Appellant was apprehended on the spot, then there was no way that he could

have concealed the danda in his house and thus, the recovery of the danda

from the house of the Appellant is planted upon him also deserves to be

rejected. PW10, wife of the deceased has stated that after injuring her husband

the Appellant escaped from the spot. The Appellant and the deceased were

neighbours, thus, it would have taken no time for the Appellant to conceal the

danda in his house behind the door. As per the CFSL report Ex. PWA and

PW B, it was opined that the blood on the danda matched with the blood of

the deceased. Thus, this opinion admissible under Section 293 CrPC clearly

connects the danda recovered from the house of the Appellant to the injuries

caused. Moreover, the contention of the learned counsel relying on Ishwar

Singh v. State of U.P., AIR 1976 SC 2423 that since the danda has not been

shown to the doctor and his opinion is not sought as to whether the injury was

possible by the danda, the recovery of the danda is not connected with the

crime and hence this recovery is to be ignored is erroneous. In Ishwar Singh

(Supra), their Lordships were dealing with a case of multiple injuries with

multiple weapons. In the said case the testimony of the post mortem doctor

was that the punctured wound was caused by "some sharp edged pointed

weapon". He further stated that the wound "might have been caused with a

ballam". Their Lordships held that implicit reliance cannot be placed on the

testimony of the witnesses as to who stuck the deceased with the ballam and

were thus looking for independent corroboration. It was also observed that

ballam and bhala are similar types of weapon and had the doctor seen the

weapons seized from the houses of the Appellants therein it might have been

possible for him to say which of them caused the injury. In Criminal Appeal

No. 151/2001 in Nanko Devi vs. State this court, held that in case eye-witness

identifies the recovered weapon to be the one by which the injury was caused,

then there is no need for a separate opinion to be sought from the doctor to

connect the weapon of offence with the injury caused. This is an essential

factor in a case of circumstantial evidence. In the present case, the eye-

witness PW12 has identified that the Appellant had caused the injury by the

danda Ex.PW-1 which was like an arm of the cot and also the CFSL report

proves that the blood on the danda matched with the blood of the deceased.

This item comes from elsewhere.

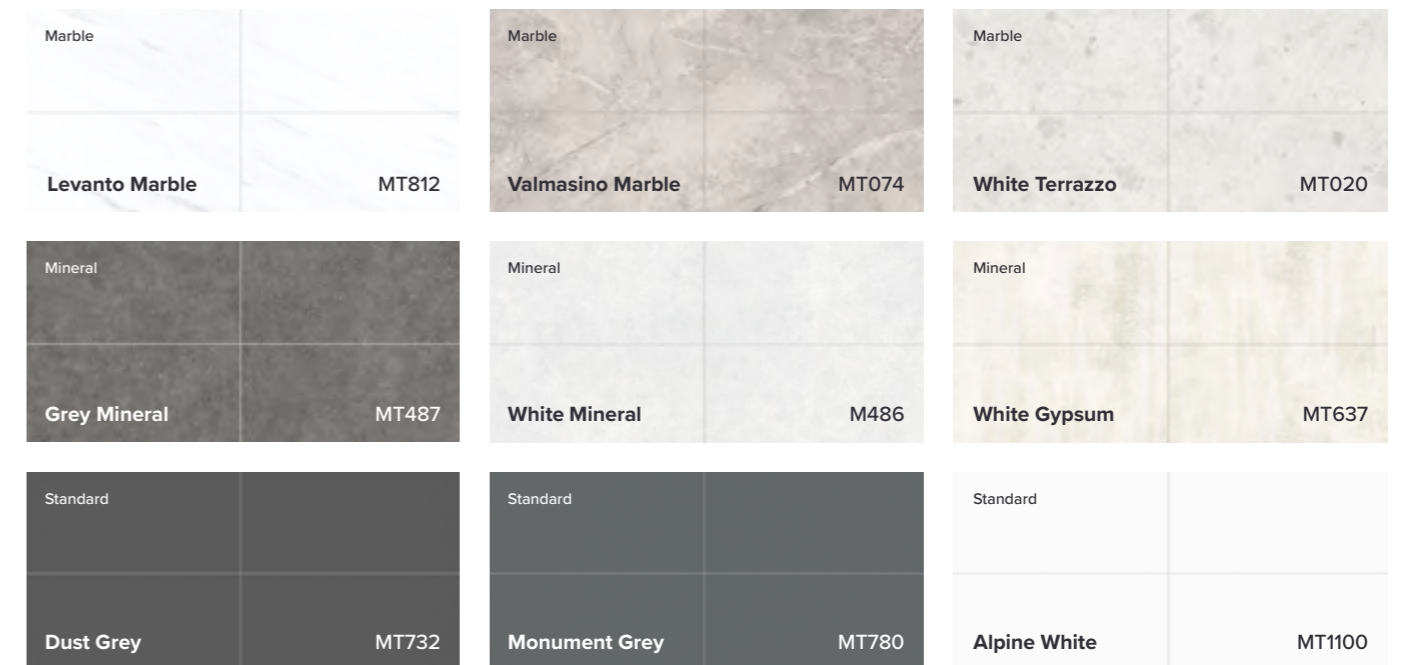

Wall and floor coverings

Thus there is sufficient evidence to connect the danda recovered at the

instance of the Appellant from his house with the injury caused on the person

of deceased.

16. From the evidence on record and the testimony of the eye witnesses

including the injured eye witness, in my opinion, the prosecution has proved

its case beyond reasonable doubt against the Appellant for commission of

offence punishable under Section 304 Part (II) IPC. I find no reason to

interfere with the impugned judgment. The appeal is accordingly dismissed.

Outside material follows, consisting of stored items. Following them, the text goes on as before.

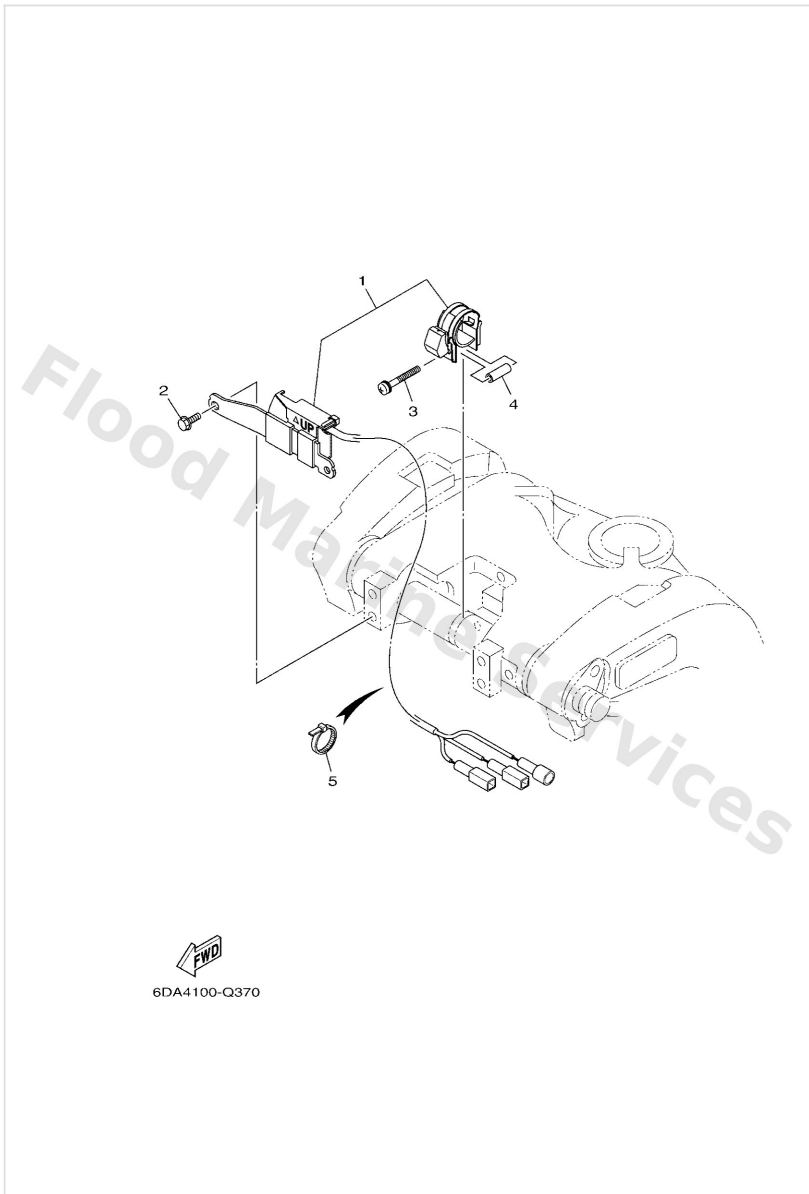

Optional Parts 2

Ref	Part	
1	63P825E001 Tilt limit switch assembly	Buy now
2	97E9506516 Bolt, hexagon w/w deep recess	Buy now
3	9015905059 Screw, with washer	Buy now
4	9038705004 Collar	Buy now
5	9046511M10 Clamp	Buy now

Since the Appellant has been awarded a sentence of imprisonment for the

period already undergone and to pay a fine of `13,000/- out of which if

realized, `10,000/- is to be awarded to the wife of the deceased, the learned

Trial Court would ensure that the amount so recovered is paid to her and in

case of default of payment of fine the Appellant undergoes Rigorous

Imprisonment for one year as awarded by it.